As the sound of the recordings had been lost, the material remained unused.
12 years later the artists interviewed pedestrians in Barcelona about the vanished Café "Zurich". The contemporary audio commentary and the old video images are brought together in a specially develo- ped process. This method of combining sound and image is a violent act of cutting and crushing, of dismembering and fragmenting the image plane. The aim is to retrospectively put those words spoken much later "into the mouths" of the “ghosts” in the images. In the video, the interviewees seem to comment on their own situation from the future .
We all have the desire to connect audio and video into a coherent unity wherever possible. Michel Chion thus coined the term "Synchresis", defining it as „the immediate and necessary creation of a re- lationship between something one sees and something one hears at the same time” (from synchronism and synthesis).
At first glance, Zurich could also be taken for a sloppily assembled interview film about a cafe in Barcelona. The disparate structure remains unidentified. Through handed-down customs and habit we have lost our awareness of the highly artificial nature of the cinematic code.

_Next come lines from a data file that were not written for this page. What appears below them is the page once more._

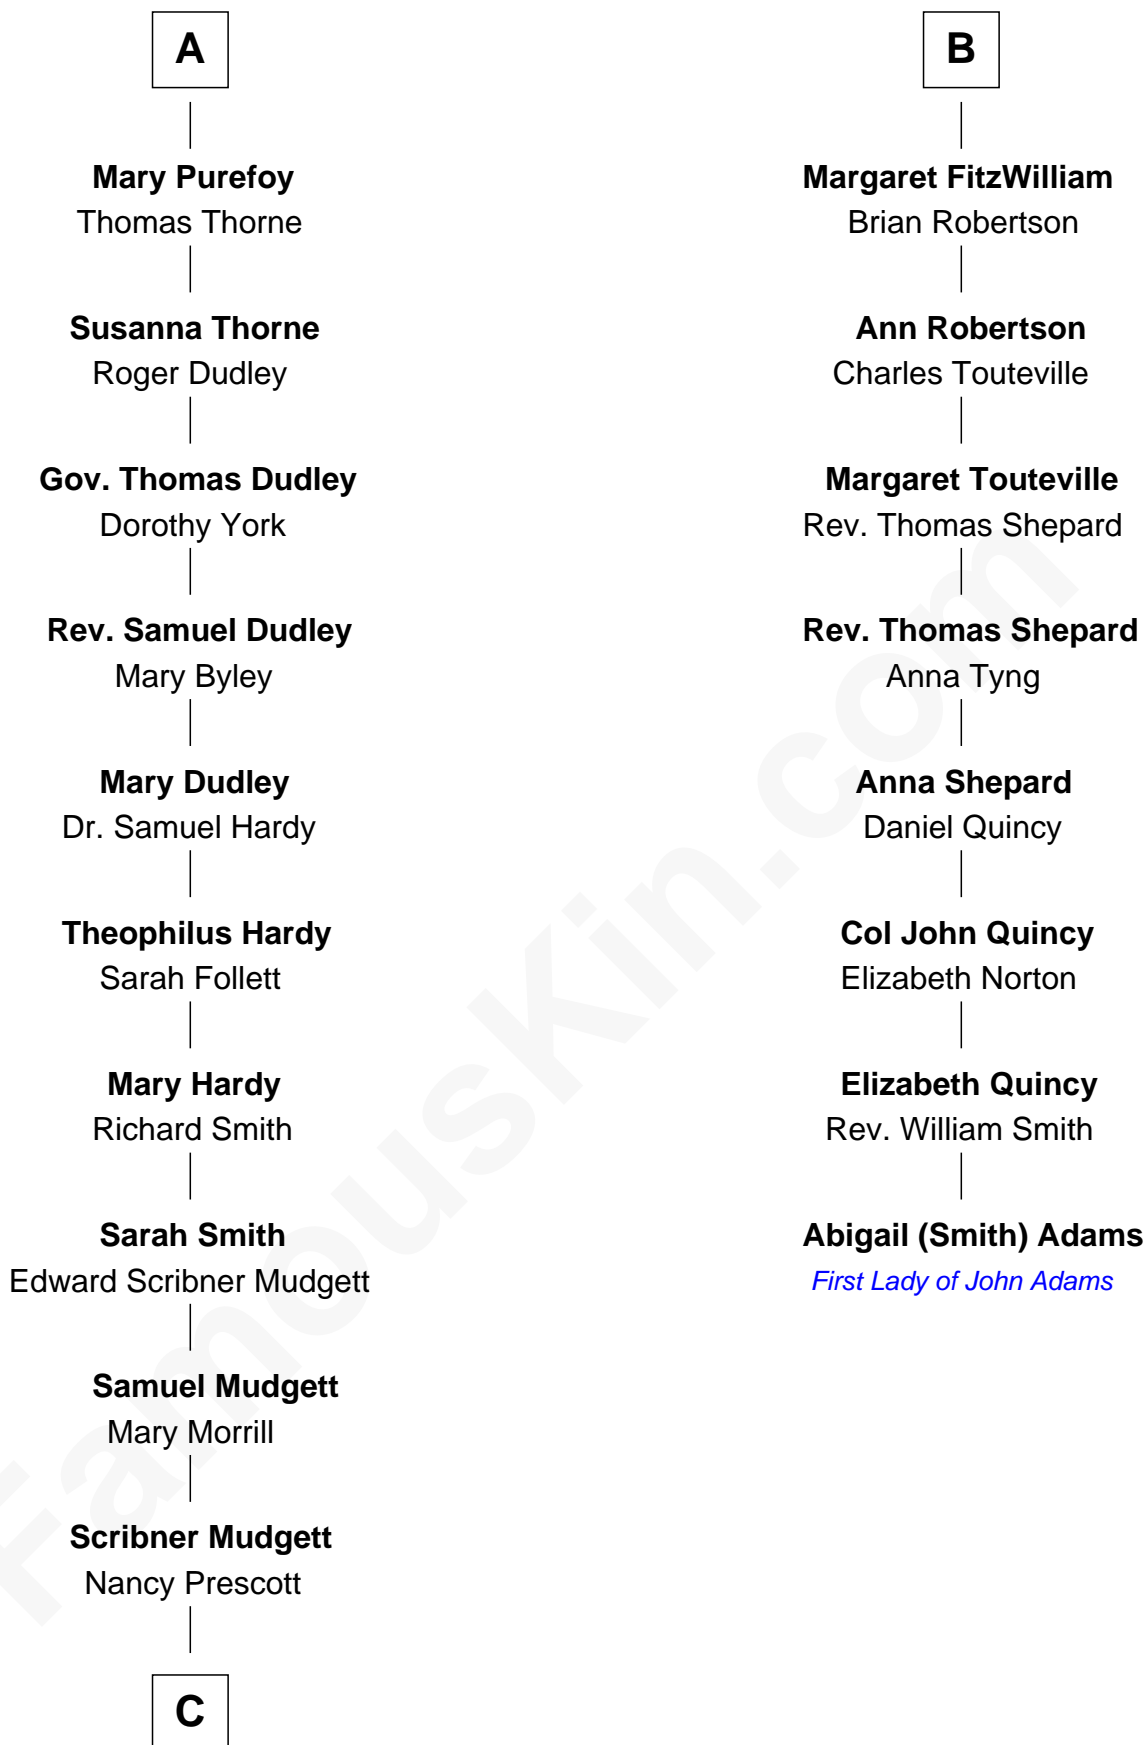

FamousKin.com Relationship Chart of

Dr. H. H. Holmes

Serial Killer aka "Devil in the White City"

14th cousin 4 times removed of

Abigail (Smith) Adams

First Lady of President John Adams

Sir John Marmion

Maud de Furnival

C

—
Levi Horton Mudgett

Theodate Page Price

—
Dr. H. H. Holmes

Serial Killer Dr. H. H. Holmes

FamousKin.com
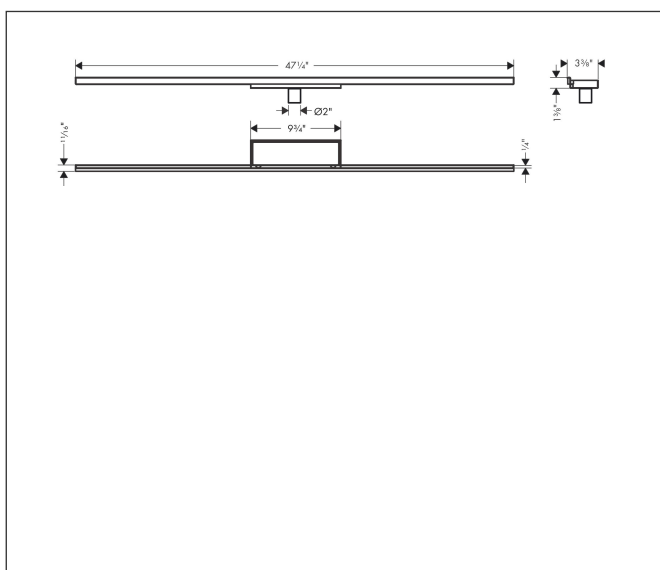

Brand hansgrohe
 Art. Name **RainDrain Minimalistic** Complete Set 2", 47 1/4" Trim and Installation Set
 Art. Nr. 56223001
 Pos. 1

Product Picture

Features

- Consists of: tileable trim, installation set, hair catcher, sealing membrane, grate removal tool
- Mounting type: wall-mounted
- Frameless design
- Easy to clean surface
- Height adjustable by 0.39"
- Floor thickness: 0.43"-0.83"
- Up to 60 l/min drainage capacity
- Where to use: new construction, renovation
- Grate removal tool allows easy removal of the trim
- easy to clean
- Pre-assembled sealing membrane
- Tile inlay depth: 0.47"
- Grate material: Stainless Steel 304 (1.4301)
- Suitable for primary drainage

Drawing

Technology
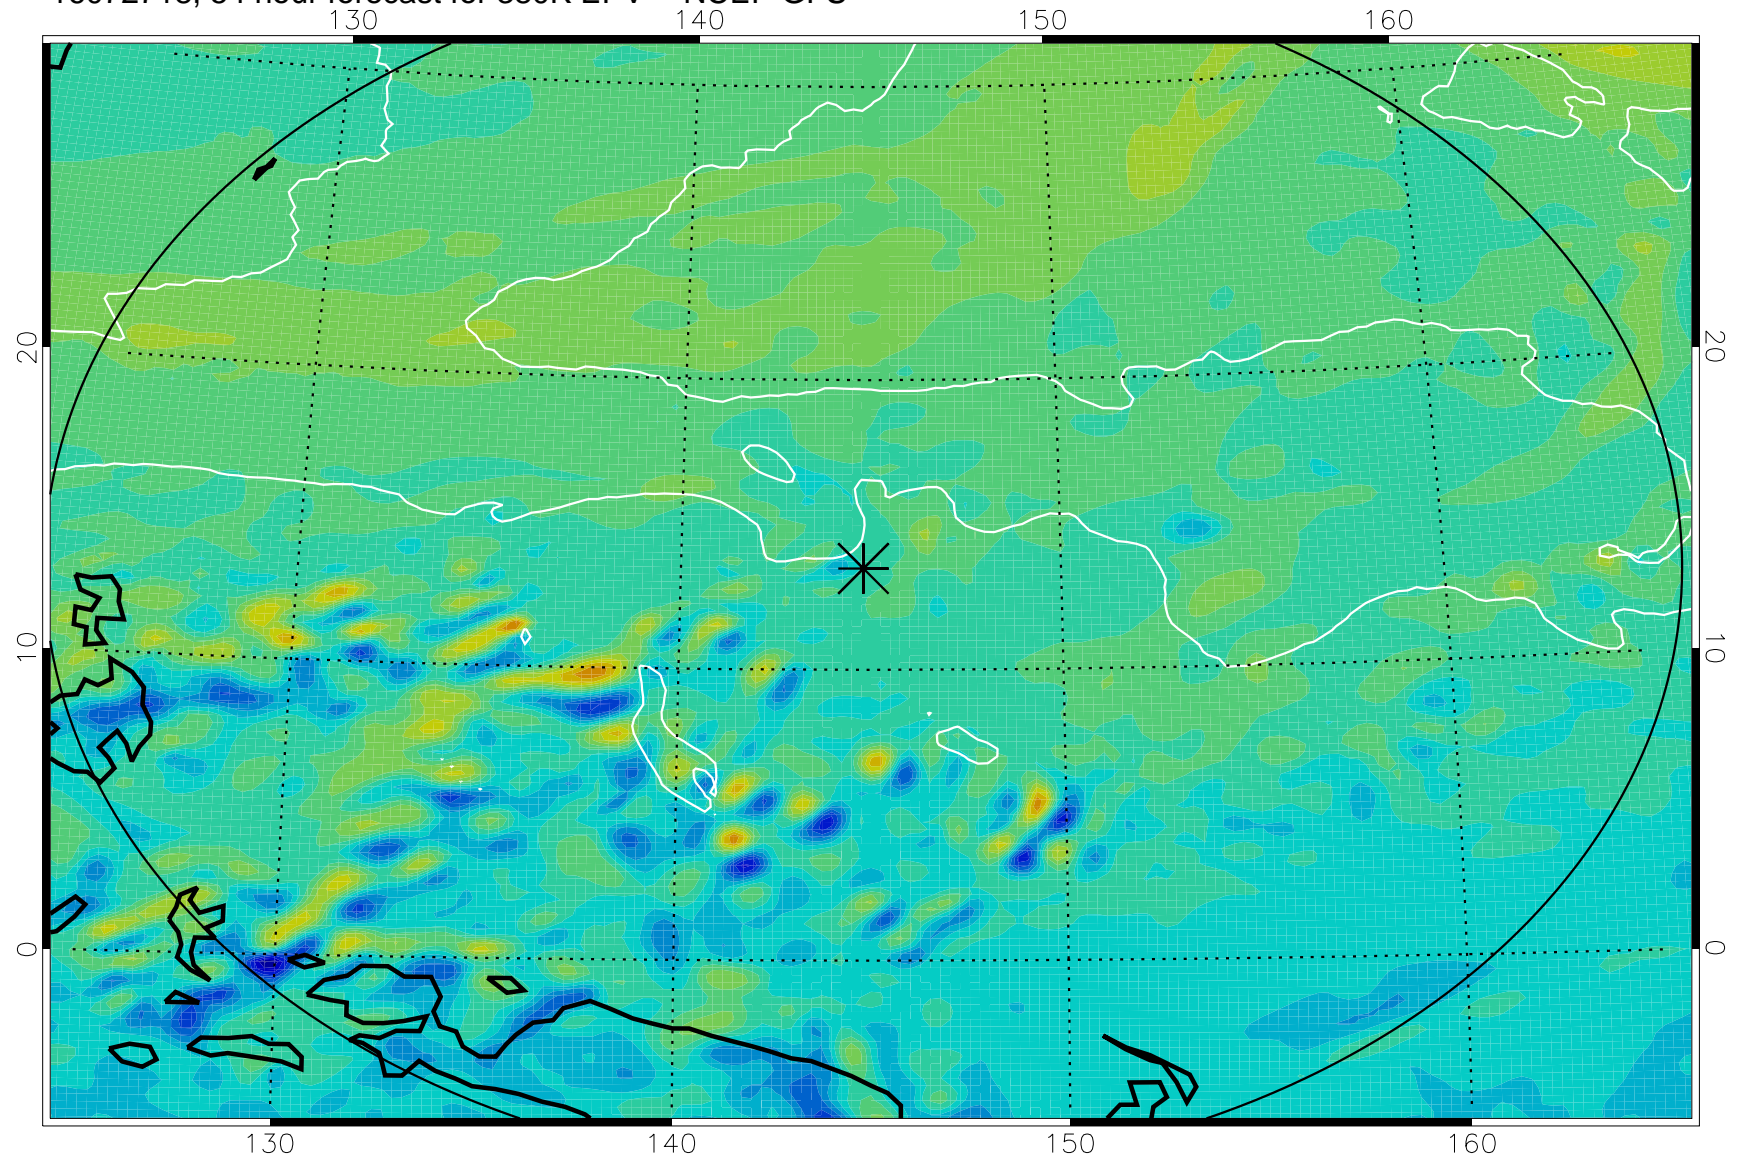

16072706, 42 hour forecast for 380K EPV -- NCEP GFS

380K Montgomery Streamfunction, white

Range ring of 2304 km

16072712, 48 hour forecast for 380K EPV -- NCEP GFS

380K Montgomery Streamfunction, white

Range ring of 2304 km

16072718, 54 hour forecast for 380K EPV -- NCEP GFS

380K Montgomery Streamfunction, white

Range ring of 2304 km

16072800, 60 hour forecast for 380K EPV -- NCEP GFS

380K Montgomery Streamfunction, white

Range ring of 2304 km

16072818, 78 hour forecast for 380K EPV -- NCEP GFS

380K Montgomery Streamfunction, white

Range ring of 2304 km

16072900, 84 hour forecast for 380K EPV -- NCEP GFS

380K Montgomery Streamfunction, white

Range ring of 2304 km

16072918, 102 hour forecast for 380K EPV -- NCEP GFS

380K Montgomery Streamfunction, white

Range ring of 2304 km

16073000, 108 hour forecast for 380K EPV -- NCEP GFS

380K Montgomery Streamfunction, white

Range ring of 2304 km
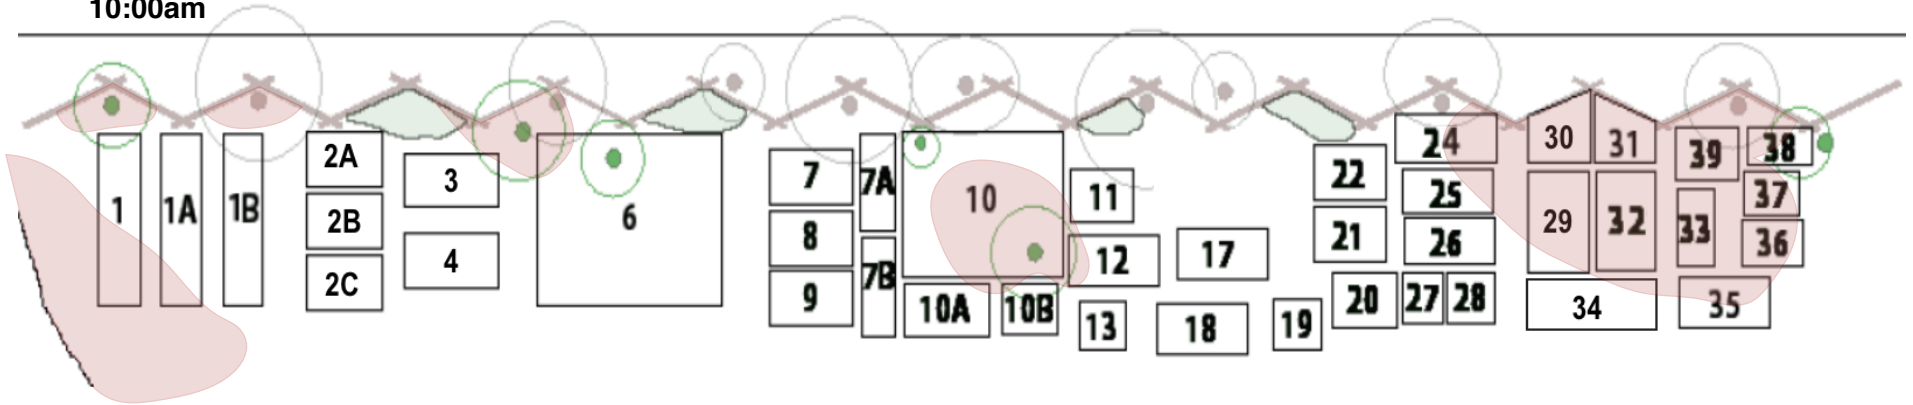

August 7, 2015

10:00am
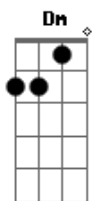

© ukulele-chords.com

Through raising awareness of this artificiality, Richter and Reich leave behind the extreme deconstruction techniques of the classic experimental film. The duo wants to stay closer to the everyday experience of the viewer and therefore develops subtle shifts that play with the viewers’ thresholds of recognition. It is precisely this startling fact - that many viewers will not immediately recognise the artificial construction of the "protagonists" through wholly medial means -, which at second glance may indicate the desired cracks in the seemingly meaningful, authorial surface of the medium film.